La langue française, on le sait, n’est pas ce que Nicolas Sarkozy maîtrise le mieux… Un député socialiste, François Loncle, lassé du relâchement du langage présidentiel – et imaginant peut-être devoir le supporter encore quelques années –, a posé, en février 2010, par les voies officielles, la question suivante au ministre de l’Education nationale: quelles «dispositions» entendait-il prendre pour «remédier sans délai» aux «fautes de langage de Nicolas Sarkozy»?
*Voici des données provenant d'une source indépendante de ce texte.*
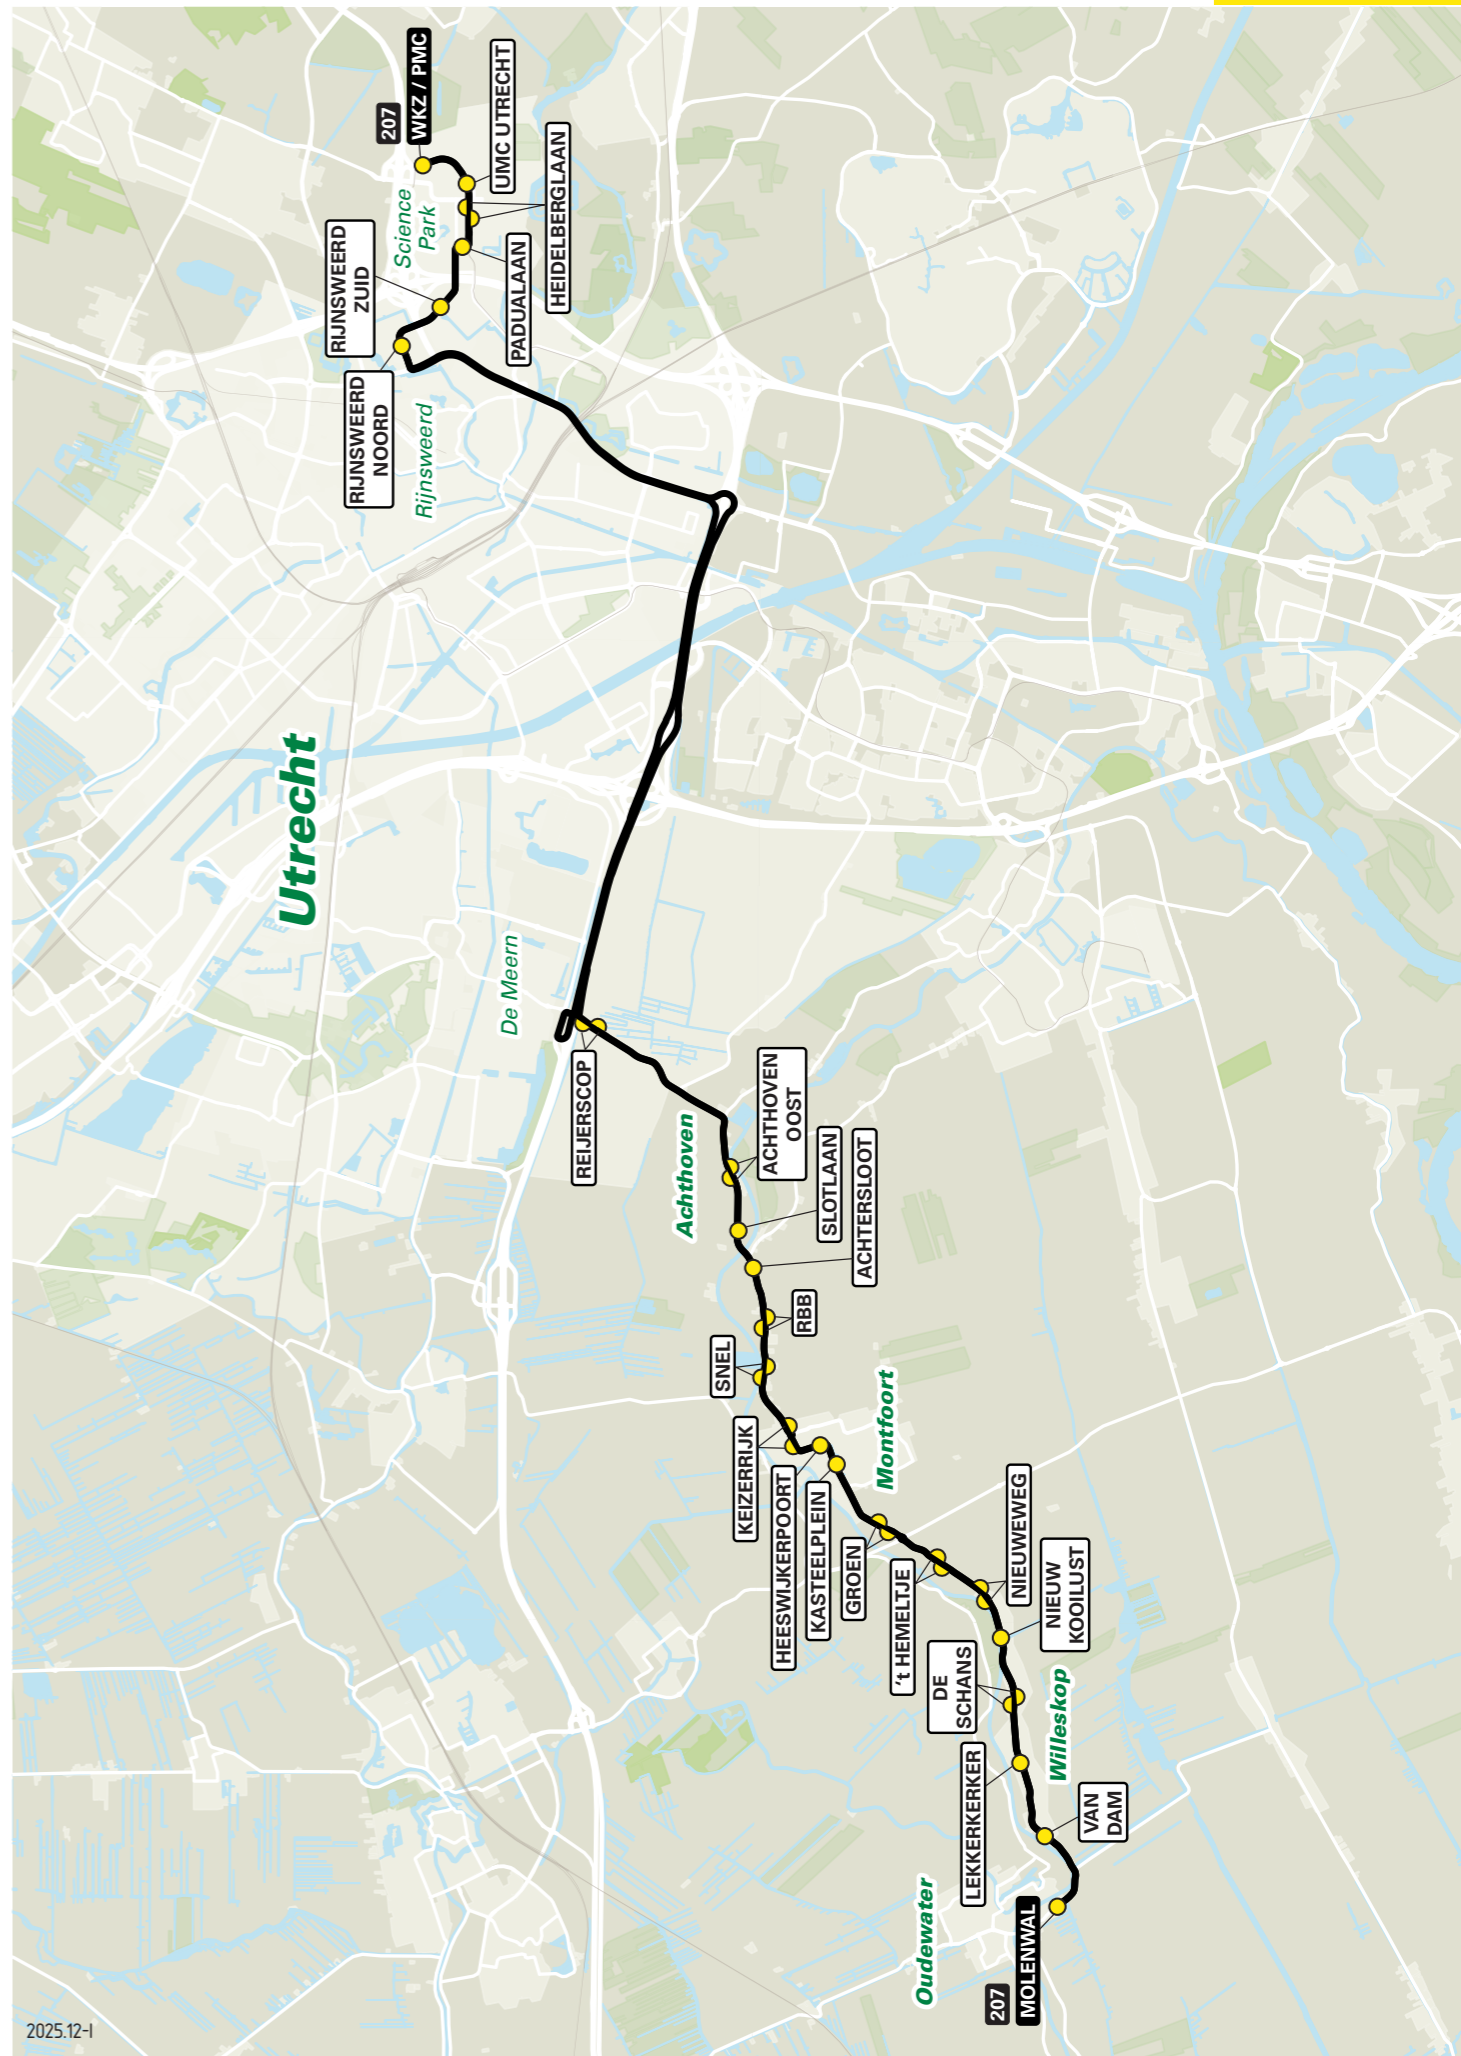

Lijn 207 van Oudewater naar Utrecht Science Park via Montfoort

zone	halte	route
5161	Molenwal	N228 / Utrechtsestraatweg
5151	Van Dam	N228 / Willeskop
	-	N228 / Willeskop
	Lekkerkerker	N228 / Willeskop
	De Schans	N228 / Willeskop
	Nieuw Kooilust	N228 / Willeskop
	Nieuweweg	N228 / Willeskop
	't Hemeltje	N228 / Willeskop
5141	-	N228 / Willeskop
	Groen	N228 / Willeskop
	Kasteelplein	N228 / Provincialeweg
	Heeswijkerpoort	N228 / Provincialeweg
5131	Keizerrijk	N228 / Heeswijk
	Snel	N228 / Heeswijk
	RBB	N228 / Heeswijk
	Achtersloot	N228 / Heeswijk
	Slotlaan	N228 / Achthoven-Oost
	Achthoven Oost	N228 / Achthoven-Oost
5121	-	N228 / Meerndijk
	Reijerscop	N228 / Meerndijk
5111	-	A12
5000	-	Knooppunt Laagraven
5010	-	Waterinieweg
	Pythagoraslaan	N228 / Provincialeweg
	Rijnsweerd Noord	Archimedeslaan
	Rijnsweerd Zuid	Leuvenlaan
	-	Padualaan
	Heidelberglaan	Heidelberglaan
	UMC Utrecht	Heidelberglaan
	WKZ / PMC	Heidelberglaan

Lijn 207 van Utrecht Science Park naar Oudewater via Montfoort

zone	halte	route
5010	WKZ / PMC	Heidelberglaan
	UMC Utrecht	Heidelberglaan
	Heidelberglaan	Heidelberglaan
	Padualaan	Padualaan
	-	Leuvenlaan
	Rijnsweerd Zuid	Archimedeslaan
	Rijnsweerd Noord	Pythagoraslaan
	-	Waterinieweg
	-	Knooppunt Laagraven
	-	A12
5128 / Meerndijk	-	N228 / Meerndijk
5131	Reijerscop	N228 / Meerndijk
	-	N228 / Achthoven-Oost
	Achthoven Oost	N228 / Achthoven-Oost
	Slotlaan	N228 / Heeswijk
	Achtersloot	N228 / Heeswijk
	RBB	N228 / Heeswijk
5141	Snel	N228 / Heeswijk
	Keizerrijk	N228 / Heeswijk
	Heeswijkerpoort	N228 / Provincialeweg
	Kasteelplein	N228 / Provincialeweg
	Groen	N228 / Willeskop
5151	-	N228 / Willeskop
	't Hemeltje	N228 / Willeskop
	Nieuweweg	N228 / Willeskop
	Nieuw Kooilust	N228 / Willeskop
	De Schans	N228 / Willeskop
	Lekkerkerker	N228 / Willeskop
5161	-	N228 / Willeskop
	Van Dam	N228 / Willeskop
	Molenwal	N228 / Utrechtsestraatweg

Neuf mois après cette question écrite, Luc Chatel a pris sa plus belle plume et rendu sa copie le 7 décembre 2010, s’adressant directement au député. Allait-il prôner le châtiment corporel, le bonnet d’âne ou la méthode Freinet? La réponse se trouve sur le site Mediapart, qui reproduit intégralement la lettre du ministre. Elle commence ainsi:
« Vous attirez mon attention sur le niveau de français pratiqué par la président de la République, niveau que vous jugez insuffisant, voire indigne au regard de ses fonctions de représentation et auquel vous me demandez de remédier. S’il est évidemment des questions plus importantes, je tiens néanmoins à vous apporter une réponse complète sur le sujet.»
Soulignant la difficulté de l’expression orale, « soumise à de multiples contraintes », il continue : « Vous reconnaîtrez d’ailleurs que […] le président de la République montre de grandes qualités rhétoriques, telle que la force expressive, la conviction, l’à-propos, la repartie ou la puissance d’évocation. » N’en jetez plus!
Mais le plus beau est à venir : « […] en ces temps de complexité et de difficulté, le président de la République parle clair et vrai, refusant un style amphigourique et les circonvolutions syntaxiques qui perdent l’auditeur et le citoyen.» C’est donc pour notre bien à tous et pour ne pas fatiguer inutilement nos neurones que le président s’exprime de cette façon: «On s'demande c'est à quoi ça leur a servi toutes ces années (d'études) pour avoir autant de mauvais sens» (sic, mars 2009).
Alors, qu’est-ce qu’on dit ?
heureusement, l'ancien porte parole de l'UMP a des projets!
Une «fête de la gastronomie française» aura lieu chaque année le 23 septembre, premier jour de l’automne, ont annoncé mardi le secrétaire d’Etat au Tourisme et au Commerce et les organisations professionnelles de restaurateurs Frédéric Lefebvre.
Cette fête devra être «populaire» et permettre, comme la fête de la Musique, «de réunir les Français autour de valeurs d’échange, de partage de convivivalité et de plaisir», selon le communiqué du secrétariat d’Etat.
Frédéric Lefèbvre doit installer avant la fin du mois de janvier un comité de pilotage qui devra proposer un programme d’initiatives pour associer les Français à des événements permettant de valoriser la cuisine, dans le cadre de l’inscription par l’Unesco du repas gastronomique au patrimoine immatériel de l’humanité. Fixée au 23 septembre, premier jour de l’automne, cette fête permettra aussi de sensibiliser les consommateurs au choix des produits, la diversité des terroirs, les spécialités régionales.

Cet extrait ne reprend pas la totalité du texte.